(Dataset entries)
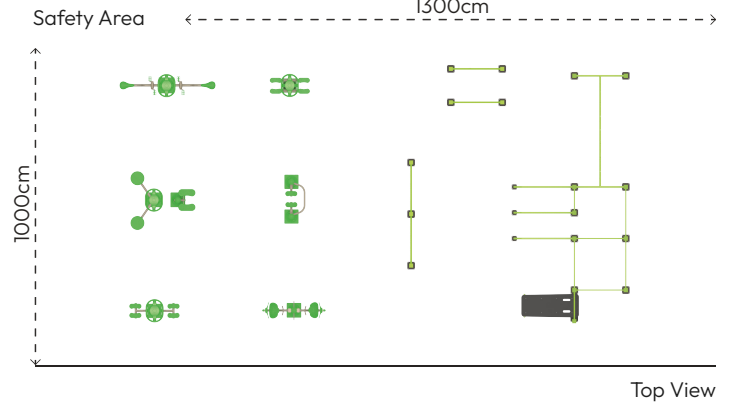

FITNESS BAR SET

SB151

PRODUCT INFORMATION

Product Line	●	Fitness&Training
User Ages	●	12+
User Capacity	●	19
Fall Height	●	cm
Dimension	●	800cm x 1100cm
Safety Area	●	130m ²
Safety Dimension	●	1000cm x 1300cm
Maximum Height	●	260cm
Weight	●	934kg
Safety Certificate	●	EN 16630

SB151

PRODUCT SPECIFICATION

Number of Users
•
19

Number of Roofs
•
0

Number of Slides
•
0

Number of Entrances
•
0

COLOR PALETTE

MATERIAL SPECIFICATION

- 100x100mm steel profile is used as main construction.
- Bench is made of HDPE sheets resistant to abrasion and weather conditions.
- Bar pipes are made of steel pipes, diameter 33mm and thickness 3,4mm.
- The floor flange is made of 200x200x8mm steel sheet.
- Main construction is made of steel pipes, diameter 140mm and thickness 3mm.
- Handle, seat, backrest, footrest, mounting cover parts are made of medium-density polyethylene by blow molding technique.
- Steel shaft and rollers are used for making the rotational movement. The moving parts of the product have a stopper system that can be opened up to 55°.
- The metal surfaces of the product have been cleaned by sandblasting, washing, rinsing, and drying and it has been painted with electrostatic powder coating.
- The floor flange is made of 290x290x8mm steel sheet.
- Pipe and profile openings are covered with plastic injection caps.
- Screws are covered with plastic caps.
- Product doesn't have sharp edges and surfaces.
- Product has been produced in accordance with EN16630 standards.
- Please contact to Polfisan for updated information about product.
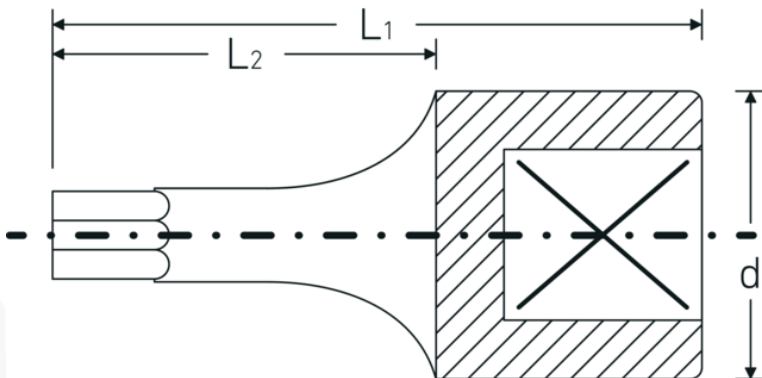

Screwdriver socket

44KTX

Product no. **01350015**
GTIN **4018754001156**
Model **44 KTX T 15**
SCHRAUBENDREHEREINSATZ
1/4 ZOLL

Label. 1/4 " Screwdriver socket L.28mm

Features.

- for inside TORX® screws
- Chrome Alloy Steel, chrome plated

Advantages.

For recessed TORX® screws

Technical Drawing.

Technical Attributes.

Drive profile TORX®
Internal square drive (inch) 1/4 "

Logistics data.

Depth mm (IFS) 28
Width mm (IFS) 12

d	11,6 mm	Height mm (IFS)	12
Size of output profile	T15	Length (packed, mm)	65
L1	28 mm	Width (packed, mm)	35
L2	16 mm	Height (packed, mm)	15
		Volume (packed, dm3)	0.034125 dm3
		Art. no.	01350015
		Weight (gross, kg)	0,050
		Weight PAP (kg)	0,000
		Weight PVC (kg)	0,002
		GTIN	4018754001156
		Country of origin	GERMANY
		Region of origin	Nordrhein-Westfalen
		WEEE/ElektroG	nicht ear-pflichtig
		Customs tariff no.	82042000
		Packing standard	5
		Weight	10 g

Variants.

Art. no.	Model no. (ERP)	Description	GTIN
01350008	44 KTX T 8 SCHRAUBENDREHEREINSATZ 1/4 ZOLL	1/4 " Screwdriver socket L.28mm	4018754001125
01350009	44 KTX T 9 SCHRAUBENDREHEREINSATZ 1/4 ZOLL	1/4 " Screwdriver socket L.28mm	4018754001132
01350010	44 KTX T 10 SCHRAUBENDREHEREINSATZ 1/4 ZOLL	1/4 " Screwdriver socket L.28mm	4018754001149
01350015	44 KTX T 15 SCHRAUBENDREHEREINSATZ 1/4 ZOLL	1/4 " Screwdriver socket L.28mm	4018754001156
01350020	44 KTX T 20 SCHRAUBENDREHEREINSATZ 1/4 ZOLL	1/4 " Screwdriver socket L.28mm	4018754001163
01350025	44 KTX T 25 SCHRAUBENDREHEREINSATZ 1/4 ZOLL	1/4 " Screwdriver socket L.28mm	4018754001170
01350027	44 KTX T 27 SCHRAUBENDREHEREINSATZ 1/4 ZOLL	1/4 " Screwdriver socket L.28mm	4018754001187
01350030	44 KTX T 30 SCHRAUBENDREHEREINSATZ 1/4 ZOLL	1/4 " Screwdriver socket L.28mm	4018754001194
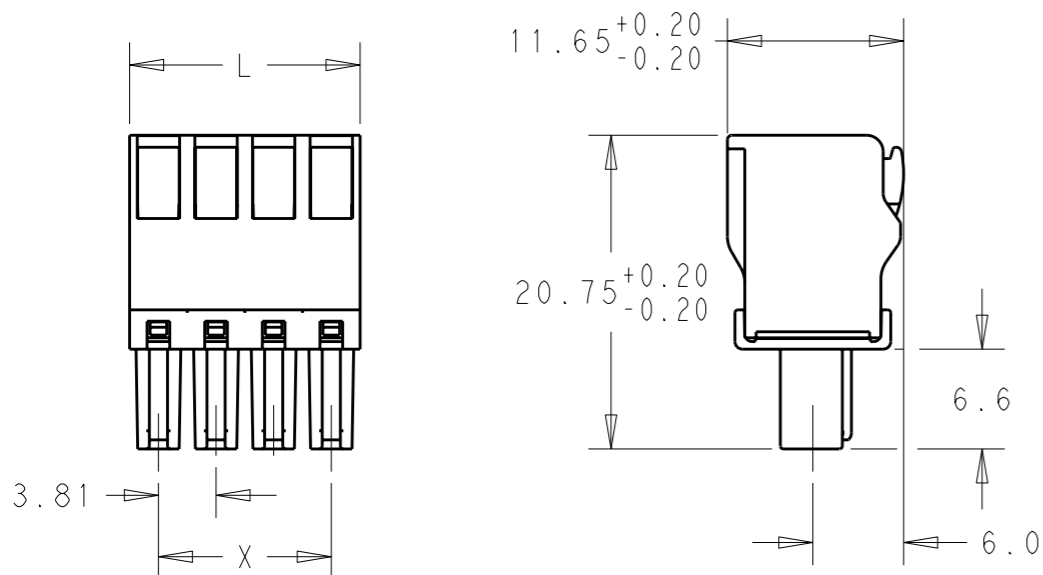

P	LTR	DESCRIPTION	DATE	DWN	APVD
	A	REVISED PER ECO-12-002880	15FEB12	KH	MS

91.44	95.25	25	2-1986720-5
87.63	91.44	24	2-1986720-4
83.82	87.63	23	2-1986720-3
80.01	83.82	22	2-1986720-2
76.20	80.01	21	2-1986720-1
72.39	76.20	20	2-1986720-0
68.58	72.39	19	1-1986720-9
64.77	68.58	18	1-1986720-8
60.96	64.77	17	1-1986720-7
57.15	60.96	16	1-1986720-6
53.34	57.15	15	1-1986720-5
49.53	53.34	14	1-1986720-4
45.72	49.53	13	1-1986720-3
41.91	45.72	12	1-1986720-2
38.10	41.91	11	1-1986720-1
34.29	38.10	10	1-1986720-0
30.48	34.29	9	1986720-9
26.67	30.48	8	1986720-8
22.86	26.67	7	1986720-7
19.05	22.86	6	1986720-6
15.24	19.05	5	1986720-5
11.43	15.24	4	1986720-4
7.62	11.43	3	1986720-3
3.81	7.62	2	1986720-2
DIM X	DIM L	POLE	PART NUMBER

MATERIALS
 HOUSING-POLYAMIDE, COLOR-GREEN
 LEVER-POLYAMIDE, COLOR ORANGE
 CONTACT SPRING-COPPER ALLOY-LEAD FREE TIN PLATED
 CLAMPING SPRING-STEEL

MECHANICAL
 INSERTION FORCE PER POLE- 3 NEWTON MAX
 WITHDRAWAL FORCE PER POLE- 1.5 NEWTON MIN
 STRIPPING LENGTH- 10.5 TO 11.5 MM
 OPERATING TEMPERATURE--40°C TO +110°C

ELECTRICAL
 WIRE SIZE= 30 TO 14 AWG SOLID OR STRANDED
 VOLTAGE RATING- 300 VOLTS
 CURRENT RATING- 11 AMP STRANDED; 9AMP SOLID
 CONTACT RESISTANCE-15 MILLOHM MAX
 INSULATION RESISTANCE-10⁹ OHMS MIN (500V DC)

THIS DRAWING IS A CONTROLLED DOCUMENT.		DWN 16 JAN 2012 KIRAN HOLAL	TE Connectivity	
DIMENSIONS: mm		CHK 16 JAN 2012 MIKE SARVER		
TOLERANCES UNLESS OTHERWISE SPECIFIED:		APVD 16 JAN 2012 MIKE SARVER	NAME STRAIGHT SPRING TYPE PLUG CONNECTOR, SIDE STACKABLE RIGHT 02 - 25 POLES PITCH 3.81mm	
		PRODUCT SPEC -	SIZE CAGE CODE DRAWING NO RESTRICTED TO	
MATERIAL - FINISH -		APPLICATION SPEC -	A300779 C-1986720	
		WEIGHT -	SCALE 2:1 SHEET 1 OF 1 REV A	
		CUSTOMER DRAWING

■ **What is needed**
Would you quote, exactly and only, the lines from the one containing "THIS DRAWING IS" to the end of the entries?

■ **Exercise result**
THIS DRAWING IS A CONTROLLED DOCUMENT.		DWN 16 JAN 2012 KIRAN HOLAL	TE Connectivity	
DIMENSIONS: mm		CHK 16 JAN 2012 MIKE SARVER		
TOLERANCES UNLESS OTHERWISE SPECIFIED:		APVD 16 JAN 2012 MIKE SARVER	NAME STRAIGHT SPRING TYPE PLUG CONNECTOR, SIDE STACKABLE RIGHT 02 - 25 POLES PITCH 3.81mm	
		PRODUCT SPEC -	SIZE CAGE CODE DRAWING NO RESTRICTED TO	
MATERIAL - FINISH -		APPLICATION SPEC -	A300779 C-1986720	
		WEIGHT -	SCALE 2:1 SHEET 1 OF 1 REV A	
		CUSTOMER DRAWING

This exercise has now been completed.